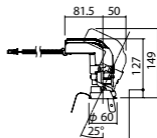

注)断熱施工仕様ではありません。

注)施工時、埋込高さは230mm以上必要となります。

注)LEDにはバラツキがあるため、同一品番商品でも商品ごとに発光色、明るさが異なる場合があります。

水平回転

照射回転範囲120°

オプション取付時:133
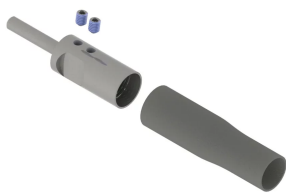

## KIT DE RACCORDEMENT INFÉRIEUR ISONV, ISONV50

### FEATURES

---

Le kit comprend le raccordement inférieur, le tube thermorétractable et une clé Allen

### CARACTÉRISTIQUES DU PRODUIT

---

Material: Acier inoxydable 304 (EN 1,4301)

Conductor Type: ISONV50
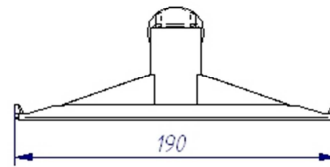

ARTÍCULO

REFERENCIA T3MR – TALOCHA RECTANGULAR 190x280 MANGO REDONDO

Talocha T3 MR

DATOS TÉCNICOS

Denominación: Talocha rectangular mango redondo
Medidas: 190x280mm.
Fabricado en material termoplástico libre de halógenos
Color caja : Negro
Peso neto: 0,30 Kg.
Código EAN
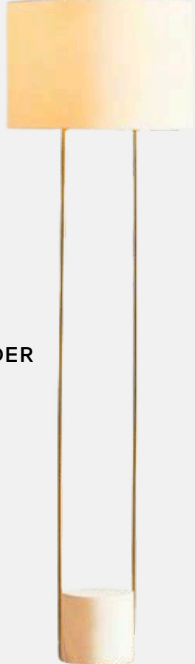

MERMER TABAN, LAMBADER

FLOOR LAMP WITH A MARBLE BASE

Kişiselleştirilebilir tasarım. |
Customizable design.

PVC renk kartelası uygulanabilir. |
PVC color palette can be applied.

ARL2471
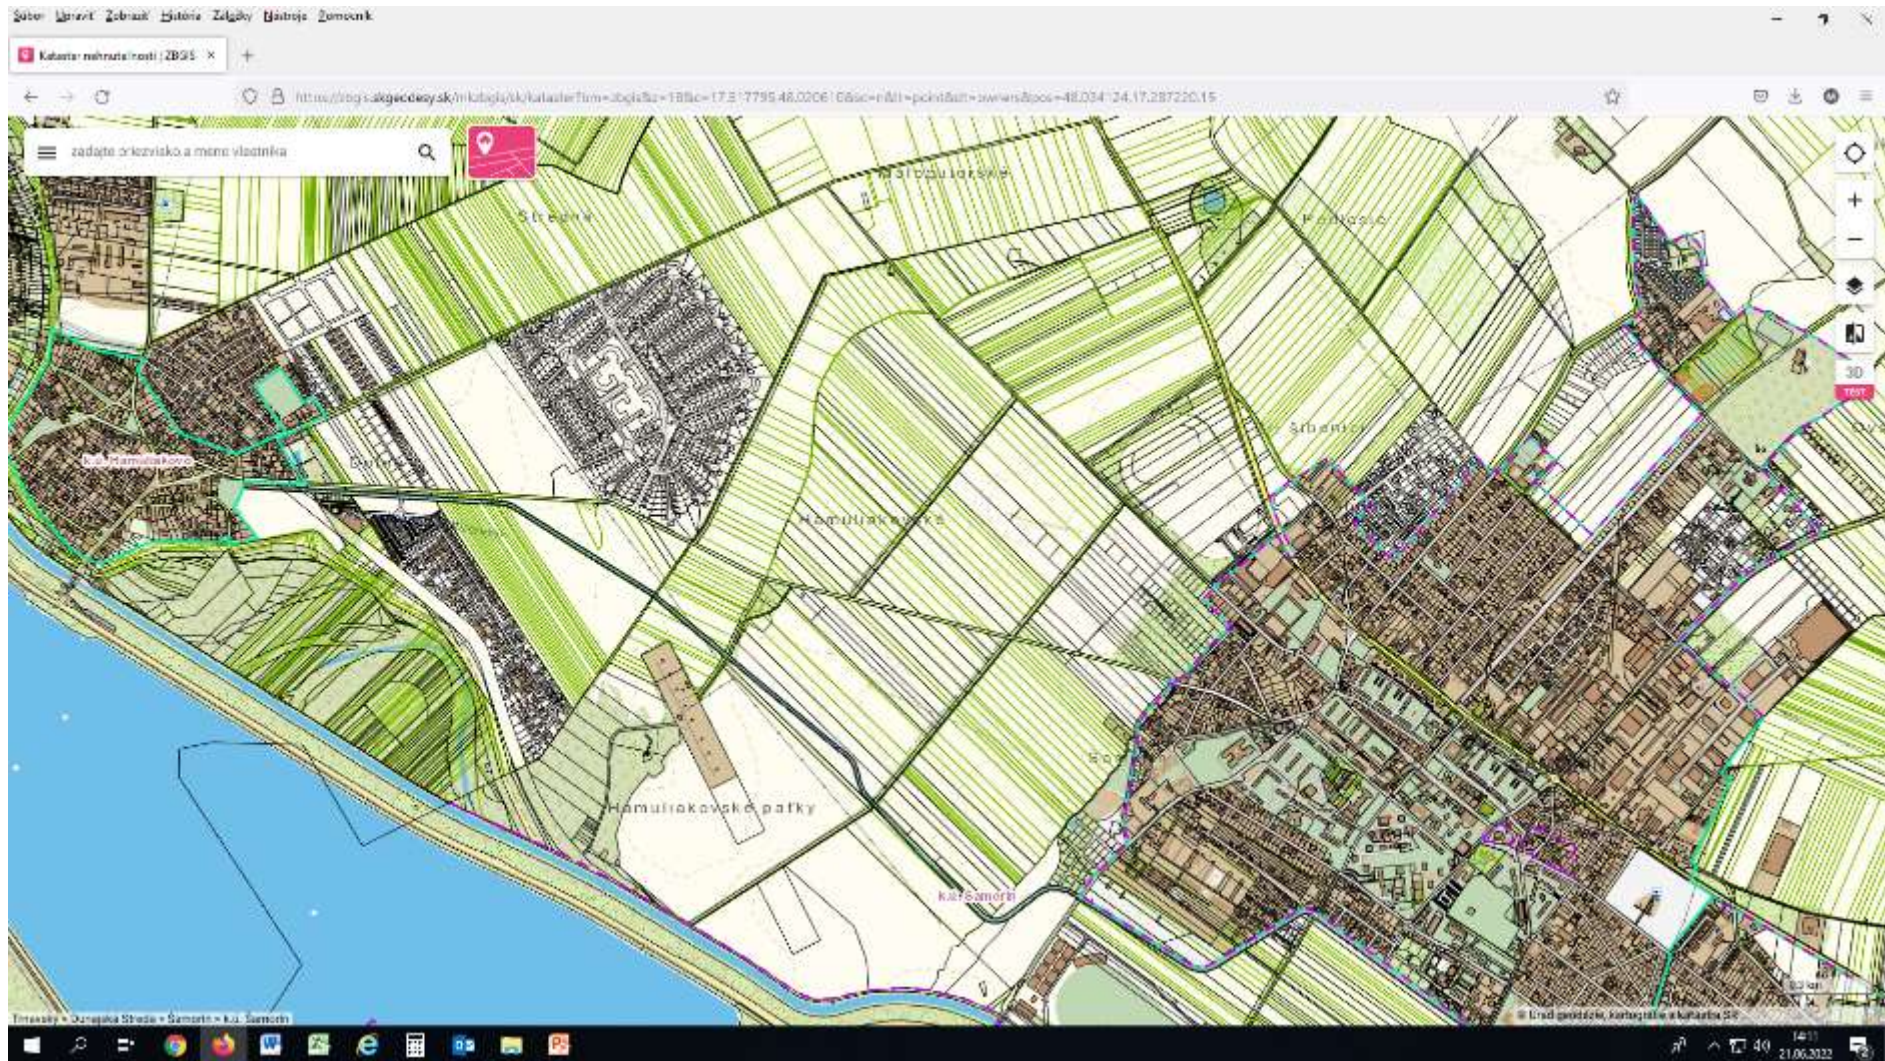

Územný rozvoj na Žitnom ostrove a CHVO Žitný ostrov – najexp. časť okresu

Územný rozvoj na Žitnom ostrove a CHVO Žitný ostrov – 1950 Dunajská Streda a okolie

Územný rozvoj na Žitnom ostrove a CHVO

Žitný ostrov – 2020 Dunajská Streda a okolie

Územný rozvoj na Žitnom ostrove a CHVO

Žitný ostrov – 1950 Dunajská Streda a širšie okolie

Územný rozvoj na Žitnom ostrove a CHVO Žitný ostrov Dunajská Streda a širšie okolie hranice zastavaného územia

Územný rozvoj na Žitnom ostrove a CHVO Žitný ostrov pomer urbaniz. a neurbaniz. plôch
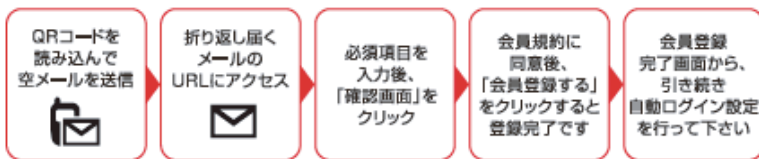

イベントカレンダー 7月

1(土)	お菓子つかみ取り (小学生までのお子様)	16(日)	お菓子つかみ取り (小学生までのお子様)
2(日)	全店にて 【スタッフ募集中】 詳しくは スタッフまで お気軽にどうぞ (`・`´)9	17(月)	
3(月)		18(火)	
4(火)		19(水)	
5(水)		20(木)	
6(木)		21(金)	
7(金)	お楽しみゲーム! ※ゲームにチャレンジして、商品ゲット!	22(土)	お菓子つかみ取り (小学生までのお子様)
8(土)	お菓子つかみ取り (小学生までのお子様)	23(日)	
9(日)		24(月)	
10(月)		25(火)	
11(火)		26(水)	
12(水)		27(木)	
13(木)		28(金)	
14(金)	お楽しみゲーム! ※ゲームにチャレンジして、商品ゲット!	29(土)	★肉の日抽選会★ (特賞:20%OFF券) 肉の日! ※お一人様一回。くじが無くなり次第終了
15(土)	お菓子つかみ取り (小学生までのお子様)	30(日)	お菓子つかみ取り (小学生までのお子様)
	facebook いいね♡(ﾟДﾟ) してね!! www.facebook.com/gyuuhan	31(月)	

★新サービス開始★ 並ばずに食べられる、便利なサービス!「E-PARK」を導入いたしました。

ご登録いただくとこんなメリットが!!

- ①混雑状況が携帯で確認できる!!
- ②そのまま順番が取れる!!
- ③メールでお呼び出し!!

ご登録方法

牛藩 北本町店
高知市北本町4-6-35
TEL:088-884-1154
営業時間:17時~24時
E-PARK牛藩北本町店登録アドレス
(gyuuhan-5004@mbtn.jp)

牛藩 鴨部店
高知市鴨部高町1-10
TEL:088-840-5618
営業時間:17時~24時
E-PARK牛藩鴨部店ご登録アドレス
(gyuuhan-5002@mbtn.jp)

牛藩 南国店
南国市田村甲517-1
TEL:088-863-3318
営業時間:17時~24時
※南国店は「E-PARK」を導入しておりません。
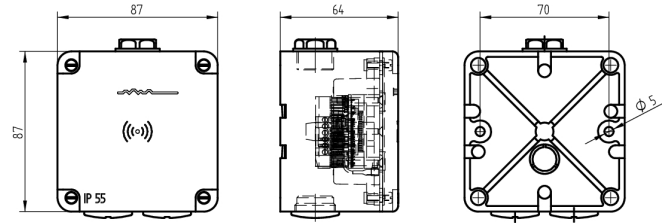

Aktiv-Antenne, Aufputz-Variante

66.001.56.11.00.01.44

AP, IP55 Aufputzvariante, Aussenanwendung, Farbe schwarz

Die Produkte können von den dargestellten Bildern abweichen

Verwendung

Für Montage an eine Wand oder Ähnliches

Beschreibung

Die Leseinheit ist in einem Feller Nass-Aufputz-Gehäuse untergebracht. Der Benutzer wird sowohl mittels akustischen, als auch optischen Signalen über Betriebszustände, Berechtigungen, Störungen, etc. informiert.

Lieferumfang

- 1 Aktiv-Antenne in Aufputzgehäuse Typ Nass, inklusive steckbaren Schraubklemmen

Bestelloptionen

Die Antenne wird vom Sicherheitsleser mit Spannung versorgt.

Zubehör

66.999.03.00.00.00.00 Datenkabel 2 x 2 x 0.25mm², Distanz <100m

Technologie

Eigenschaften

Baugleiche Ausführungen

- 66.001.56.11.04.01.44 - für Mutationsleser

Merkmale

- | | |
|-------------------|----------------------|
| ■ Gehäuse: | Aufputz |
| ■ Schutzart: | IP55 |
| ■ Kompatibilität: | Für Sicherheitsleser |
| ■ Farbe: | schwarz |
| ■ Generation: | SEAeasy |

*****

◆ **WORK TO COMPLETE**: Output the data above in full. Skip every picture.

◆ **EXERCISE RESPONSE**:
注)断熱施工仕様ではありません。

注)施工時、埋込高さは230mm以上必要となります。

注)LEDにはバラツキがあるため、同一品番商品でも商品ごとに発光色、明るさが異なる場合があります。

水平回転

照射回転範囲120°

オプション取付時:133

## KIT DE RACCORDEMENT INFÉRIEUR ISONV, ISONV50

### FEATURES

---

Le kit comprend le raccordement inférieur, le tube thermorétractable et une clé Allen

### CARACTÉRISTIQUES DU PRODUIT

---

Material: Acier inoxydable 304 (EN 1,4301)

Conductor Type: ISONV50

ARTÍCULO

REFERENCIA T3MR – TALOCHA RECTANGULAR 190x280 MANGO REDONDO

Talocha T3 MR

DATOS TÉCNICOS

Denominación: Talocha rectangular mango redondo
Medidas: 190x280mm.
Fabricado en material termoplástico libre de halógenos
Color caja : Negro
Peso neto: 0,30 Kg.
Código EAN

MERMER TABAN, LAMBADER

FLOOR LAMP WITH A MARBLE BASE

Kişiselleştirilebilir tasarım. |
Customizable design.

PVC renk kartelası uygulanabilir. |
PVC color palette can be applied.

ARL2471

Územný rozvoj na Žitnom ostrove a CHVO Žitný ostrov – najexp. časť okresu

Územný rozvoj na Žitnom ostrove a CHVO Žitný ostrov – 1950 Dunajská Streda a okolie

Územný rozvoj na Žitnom ostrove a CHVO

Žitný ostrov – 2020 Dunajská Streda a okolie

Územný rozvoj na Žitnom ostrove a CHVO

Žitný ostrov – 1950 Dunajská Streda a širšie okolie

Územný rozvoj na Žitnom ostrove a CHVO Žitný ostrov Dunajská Streda a širšie okolie hranice zastavaného územia

Územný rozvoj na Žitnom ostrove a CHVO Žitný ostrov pomer urbaniz. a neurbaniz. plôch

イベントカレンダー 7月

1(土)	お菓子つかみ取り (小学生までのお子様)	16(日)	お菓子つかみ取り (小学生までのお子様)
2(日)	全店にて 【スタッフ募集中】 詳しくは スタッフまで お気軽にどうぞ (`・`´)9	17(月)	
3(月)		18(火)	
4(火)		19(水)	
5(水)		20(木)	
6(木)		21(金)	
7(金)	お楽しみゲーム! ※ゲームにチャレンジして、商品ゲット!	22(土)	お菓子つかみ取り (小学生までのお子様)
8(土)	お菓子つかみ取り (小学生までのお子様)	23(日)	
9(日)		24(月)	
10(月)		25(火)	
11(火)		26(水)	
12(水)		27(木)	
13(木)		28(金)	
14(金)	お楽しみゲーム! ※ゲームにチャレンジして、商品ゲット!	29(土)	★肉の日抽選会★ (特賞:20%OFF券) 肉の日! ※お一人様一回。くじが無くなり次第終了
15(土)	お菓子つかみ取り (小学生までのお子様)	30(日)	お菓子つかみ取り (小学生までのお子様)
	facebook いいね♡(ﾟДﾟ) してね!! www.facebook.com/gyuuhan	31(月)	

★新サービス開始★ 並ばずに食べられる、便利なサービス!「E-PARK」を導入いたしました。

ご登録いただくとこんなメリットが!!

- ①混雑状況が携帯で確認できる!!
- ②そのまま順番が取れる!!
- ③メールでお呼び出し!!

ご登録方法

牛藩 北本町店
高知市北本町4-6-35
TEL:088-884-1154
営業時間:17時~24時
E-PARK牛藩北本町店登録アドレス
(gyuuhan-5004@mbtn.jp)

牛藩 鴨部店
高知市鴨部高町1-10
TEL:088-840-5618
営業時間:17時~24時
E-PARK牛藩鴨部店ご登録アドレス
(gyuuhan-5002@mbtn.jp)

牛藩 南国店
南国市田村甲517-1
TEL:088-863-3318
営業時間:17時~24時
※南国店は「E-PARK」を導入しておりません。

Aktiv-Antenne, Aufputz-Variante

66.001.56.11.00.01.44

AP, IP55 Aufputzvariante, Aussenanwendung, Farbe schwarz

Die Produkte können von den dargestellten Bildern abweichen

Verwendung

Für Montage an eine Wand oder Ähnliches

Beschreibung

Die Leseinheit ist in einem Feller Nass-Aufputz-Gehäuse untergebracht. Der Benutzer wird sowohl mittels akustischen, als auch optischen Signalen über Betriebszustände, Berechtigungen, Störungen, etc. informiert.

Lieferumfang

- 1 Aktiv-Antenne in Aufputzgehäuse Typ Nass, inklusive steckbaren Schraubklemmen

Bestelloptionen

Die Antenne wird vom Sicherheitsleser mit Spannung versorgt.

Zubehör

66.999.03.00.00.00.00 Datenkabel 2 x 2 x 0.25mm², Distanz <100m

Technologie

Eigenschaften

Baugleiche Ausführungen

- 66.001.56.11.04.01.44 - für Mutationsleser

Merkmale

- | | |
|-------------------|----------------------|
| ■ Gehäuse: | Aufputz |
| ■ Schutzart: | IP55 |
| ■ Kompatibilität: | Für Sicherheitsleser |
| ■ Farbe: | schwarz |
| ■ Generation: | SEAeasy |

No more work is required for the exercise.